> GOAL OF THE EXERCISE: Give the records below again, word for word. No pictures belong in the copy.

(Stored entries)
------------------------------------------------------------------------
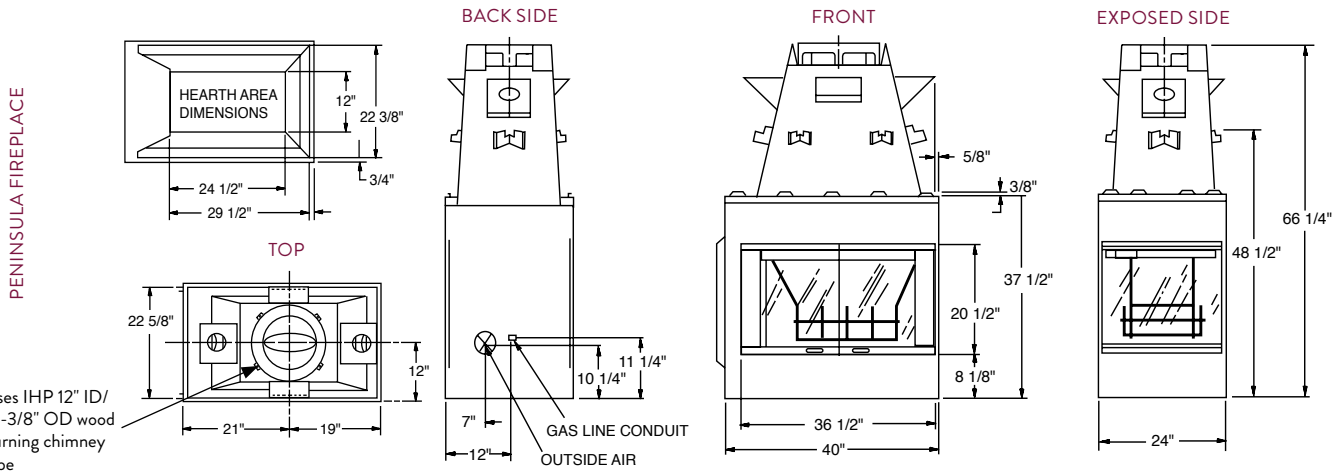

# FRAMING SPECIFICATIONS

Uses IHP 8" ID/12-3/8" OD wood burning chimney pipe
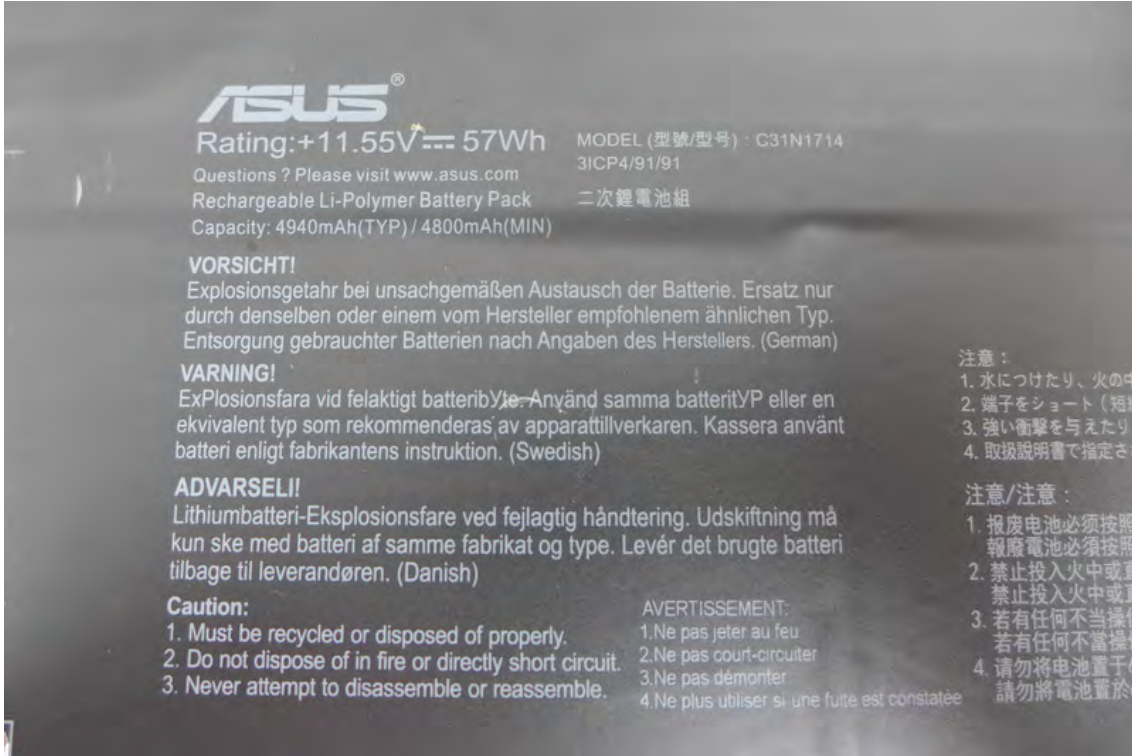

UX461UN MAIN BOARD

UX461UA MAIN BOARD

Battery: SIMPLE/C31N1714

SANDISK/SD8SN8U-512G-1002

WLAN+BT: INTEL/8265.D2WMLG

BOE/NV140FHM-N62

INNOLUX/N140HCE-EN1
------------------------------------------------------------------------
> COMPLETED EXERCISE:
# FRAMING SPECIFICATIONS

Uses IHP 8" ID/12-3/8" OD wood burning chimney pipe

UX461UN MAIN BOARD

UX461UA MAIN BOARD

Battery: SIMPLE/C31N1714

SANDISK/SD8SN8U-512G-1002

WLAN+BT: INTEL/8265.D2WMLG

BOE/NV140FHM-N62

INNOLUX/N140HCE-EN1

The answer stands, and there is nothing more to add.